Pegasus Airlines is making a debut today
on Istanbul stock exchange under a ticker PGSUS TI (Bloomberg). According to
Bloomberg 35.3mn shares (22.5mn primary) were placed at TRY18.4 ($361mn
offer size) valuing the company at TRY1,882mn ($1,045mn).
Brief portrait –
second largest after THY, but not a close rival
- After IPO 66% will
be owned by Esas Holding – Sabanci.
- Turkish second
largest airline after THYAO but working off a low-cost airline model.
- Uses Sabiha Gokcen
– Istanbul’s Asian side airport as its main hub. THY is currently based at
Ataturk Airport and lobbied for building third giant airport in Istanbul with
150mn potential capacity, mostly geared to fit its own ambitious expansion
plans.
- Flies to 29
domestic and 41 international destinations essentially competing almost on all
routes with THYAO (the latter flies almost anywhere these days!)
- Operates 40 Boeing
3.4 y old airplanes but placed an order to buy 100 (57 firm orders) new
Airbuses with deliveries starting 2015-16. THY has 201 planes in the fleet (2012YE, ex
wet lease) and plans to operate 423 airplanes by 2021.
In general, PGSUS displays quite similar
to low-cost airline metrics – low costs per available seat kilometre (lowest of
all in terms of employees per ASK) and low revenue per ASK and with the result
of having relatively high profitability: eg 3ppts above THYAO on 2012 numbers
and in line with Ryanair.
Pegasus was priced at
the IPO (looking back at 2012 numbers) overall in line with low cost airlines
but at a substantial premium to THYAO – 35% on EV/EBITDA and almost 100% on
P/E. On one hand this may look justified due
to better margins of PGSUS but (1) THYAO, in our view, is displaying financial
performance and metric closer to low-cost airlines than to flag carriers as
well, (2) generates better absolute returns on ASK (higher EBIT/ASK), (3) in
our view will continue growing dynamically over the next few years, (4) gets
state support and is clearly a ‘designated’ Turkish carrier.
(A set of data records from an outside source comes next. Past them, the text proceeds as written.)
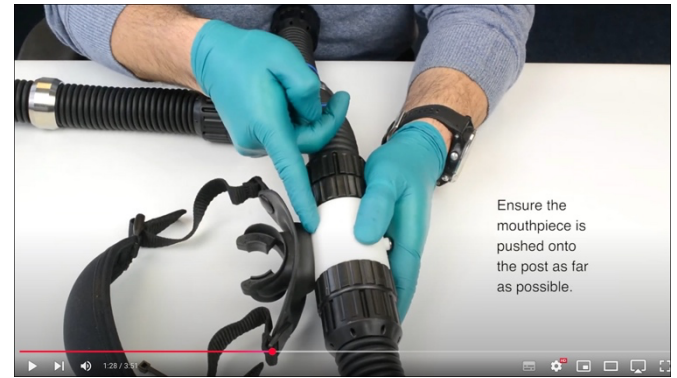

Rebreather Safety Mouthpiece (RBSM) Fitting Instructions

See also: the AP RBSM Fitting video online: apdiving.com/en/rebreathers/resources/manuals/ or follow the QR code link on the card enclosed.

Inspect your work to check the cable tie is properly located in its groove and sitting below the securing ridge on the mouthpiece post.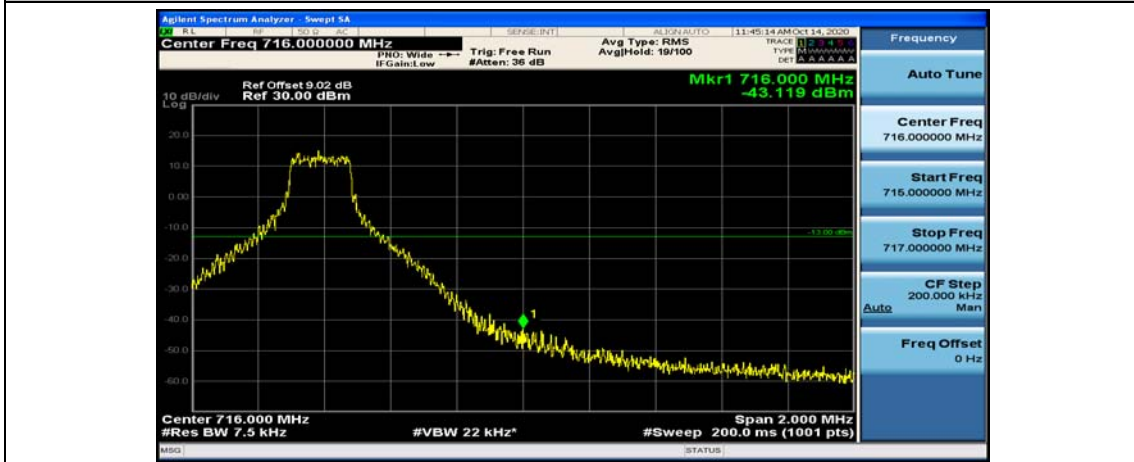

(Channel Bandwidth: 1.4 MHz)_HCH_16QAM_1RB#3

(Channel Bandwidth: 1.4 MHz)_HCH_16QAM_1RB#5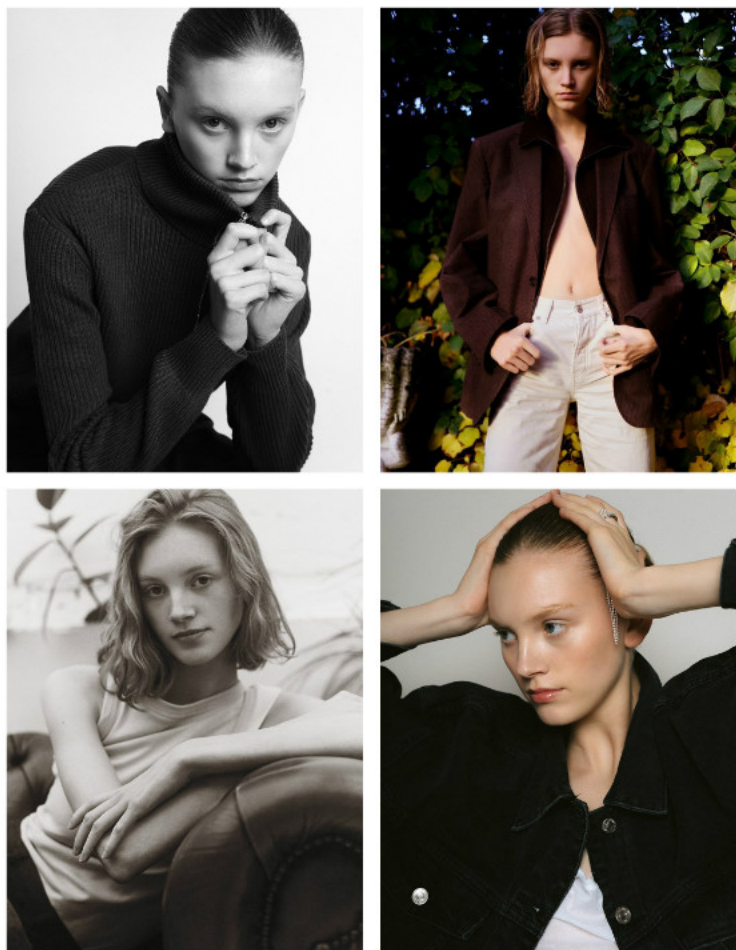

newface **ELLA** regularly touches base with her **FRIENDS**
while **STUDYING** in Nijmegen and listening to **POP**, Spanish and English **SONGS**
as an outspoken and pure **GEN Z GIRL**, she lives in the moment and fights for
LOVE, HAPPINESS and **FREEDOM**.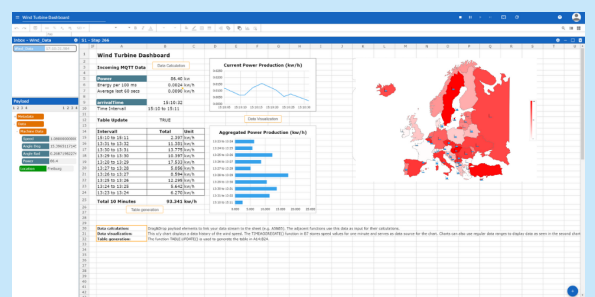

CEDALO REAL-TIME PLATFORM

Real-time data, IoT, Event stream processing, edge intelligence

ECLIPSE STREAMSHEETS

StreamSheets is a no-code application that aggregates, processes, and visualizes real-time data.

ECLIPSE MOSQUITTO

Mosquitto is the most downloaded MQTT broker in the world. It allows you to connect sensors, devices, and apps using the publish/subscribe method.

CEDALO MANAGEMENT CENTER

The Cedalo Management Center for Mosquitto provides a graphical user interface to monitor and administer brokers.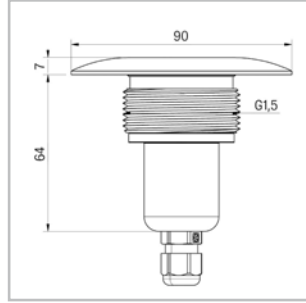

### Dynamique

	RGBW (4000K)	RGBW (3000K)	Blanc dynamique
Power supply	350mA*		
Power	5W max		
Initial flow (lm)	900 lm		
Average LED lifespan	L90 B10 60000h		
Connection	Serie**		
Cable	9x0.22mm <sup>2</sup> - 3m resin-coated		
Code	RI30252Z	RI30260W	ES30275X

### Monochrome constant voltage

	2700°K	3000°K	4000°K	6000°K
Power supply	@12VDC - 500 mA			
Power	7W			
Initial flow (lm)	970 lm			
Average LED lifespan	L90 B10 60000h			
Connection	Parallel**			
Cable	3x0.5mm <sup>2</sup> - 3m resin-coated			
Code	Inox 316L Electropoli : RI00203			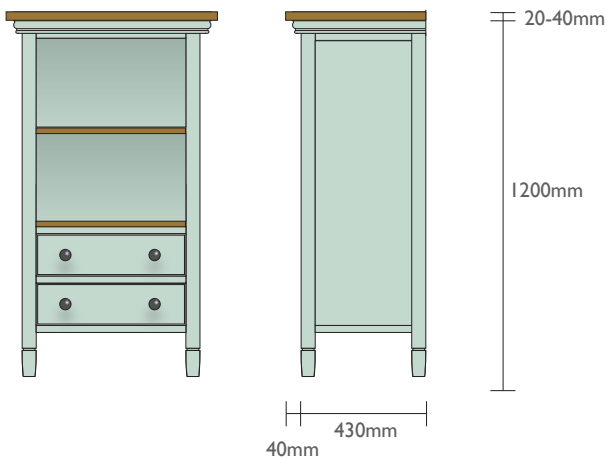

Dimensions

All our furniture is handmade to order. We can therefore adjust the size of any item (no surcharge will apply for custom sizes). Please let us know at the time of ordering so that we can confirm the dimensions to you in our Confirmation of Order.

unfitted

kitchens
bedrooms
bathrooms
dining room
lounges
study
work
occasional

Washstands

Demi-Linen Cupboards

Linen Cupboards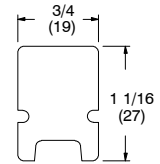

W7508
Leveling Block Filler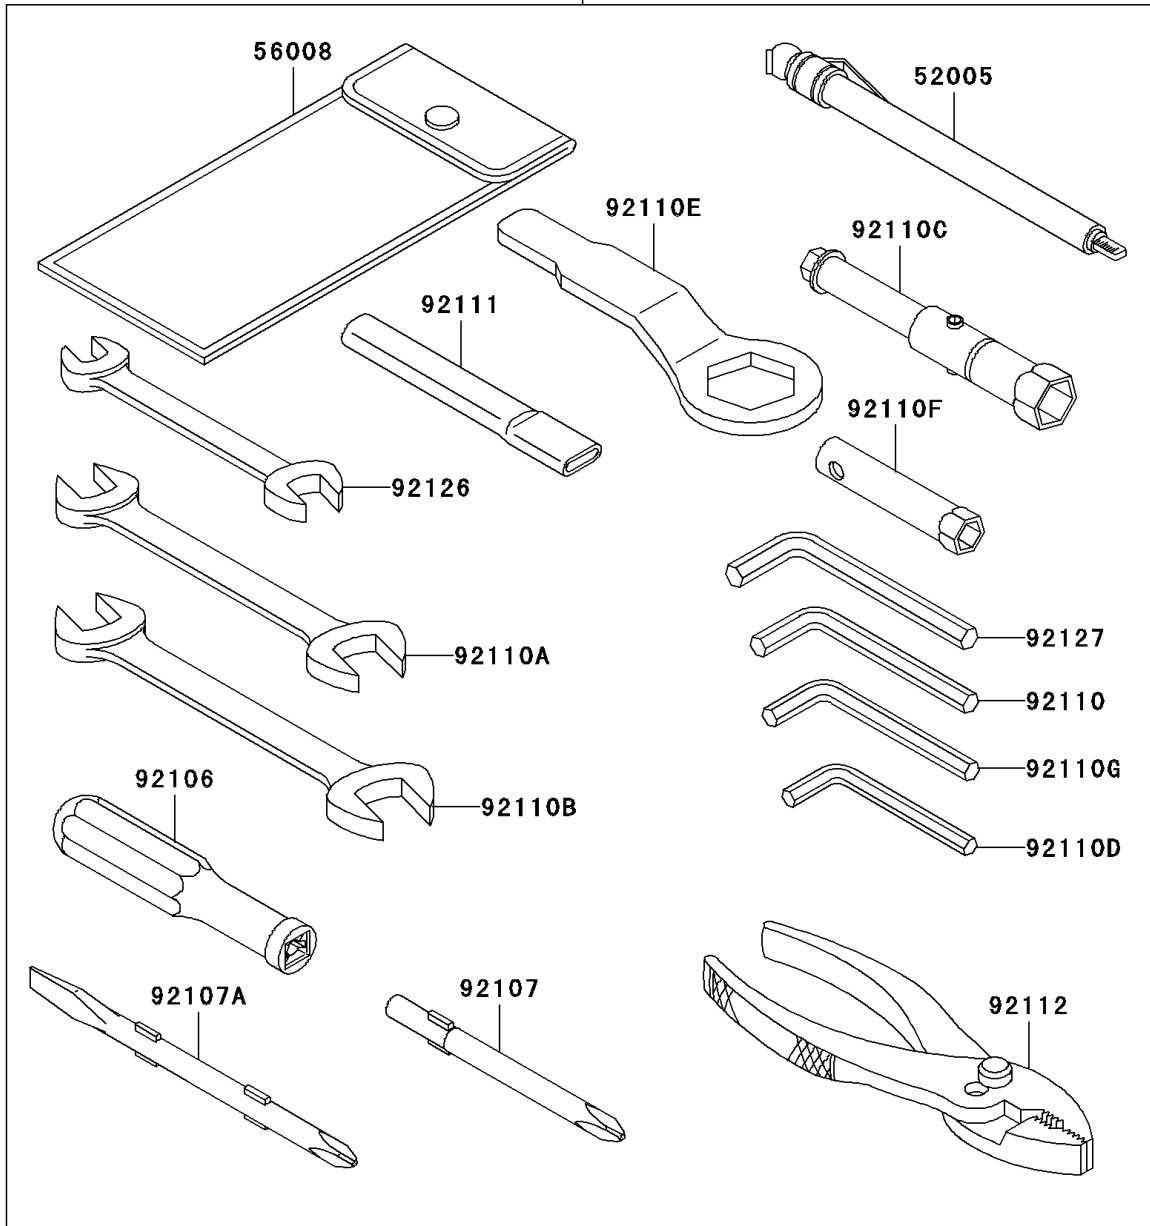

# 2000 Ninja® ZX™-12R PARTS DIAGRAM

Owner's Tools

56007

F2810

## 2000 Ninja® ZX™-12R PARTS LIST

### Owner's Tools

ITEM NAME	PART NUMBER	QUANTITY
GAUGE,AIR,350KPA/50PSI (Ref # 52005)	52005-1142	1
TOOL-KIT (Ref # 56007)	56007-1427	1
BAG,TOOL (Ref # 56008)	56008-006	1
THREE BOND TB1211,HT/RS,WHITE (Ref # 56019A)	56019-120	1
GASKET-LIQUID,TUBE,100G,BLACK (Ref # 92104)	92104-1003	1
GASKET-LIQUID,SILVER TB1216 (Ref # 92104A)	92104-1063	AR
GRIP-SCREW DRIVER (Ref # 92106)	92106-1001	1
TOOL-DRIVER,#3PHILLIPS (Ref # 92107)	92107-1002	1
TOOL-DRIVER,#2PHILLIPS&SLOT (Ref # 92107A)	92107-1052	1
TOOL-WRENCH,ALLEN,5MM (Ref # 92110)	92110-1015	1
TOOL-WRENCH,OPEN END,10X12 (Ref # 92110A)	92110-1038	1
TOOL-WRENCH,OPEN END,14X17 (Ref # 92110B)	92110-1045	1
TOOL-WRENCH,BOX,16MM (Ref # 92110C)	92110-1132	1
TOOL-WRENCH,ALLEN,3MM (Ref # 92110D)	92110-1140	1
TOOL-WRENCH,BOX END,32MM (Ref # 92110E)	92110-1161	1
TOOL-WRENCH,BOX,8MM (Ref # 92110F)	92110-1174	1
TOOL-WRENCH,ALLEN,4MM (Ref # 92110G)	92110-3703	1
TOOL-BAR,BOX END WRENCH (Ref # 92111)	92111-1051	1
TOOL-PLIERS (Ref # 92112)	92112-003	1
TOOL-WRENCH,OPEN END,8X10 (Ref # 92126)	92126-001	1
TOOL-WRENCH,ALLEN,6MM (Ref # 92127)	92127-003	1

Note that while we keep our EBITDA margin
unchanged at 14% for THYAO going forward, both the company itself and consensus
seems to believe the EBITDA margin may reach 18% in couple of years. That would
be above Pegasus current one and at the top end of not just flag carriers but
also low cost airlines. We think PGSUS pricing underpins THYAO attractive
valuation, further highlighted if one believes THYAO can deliver growing
margins! We have just issued a report on THYAO (see attached) where we argue
the stock should be priced closer to 7x EV/EBITDA and 13x P/E – or above its
current trading multiples albeit still below those of PGSUS.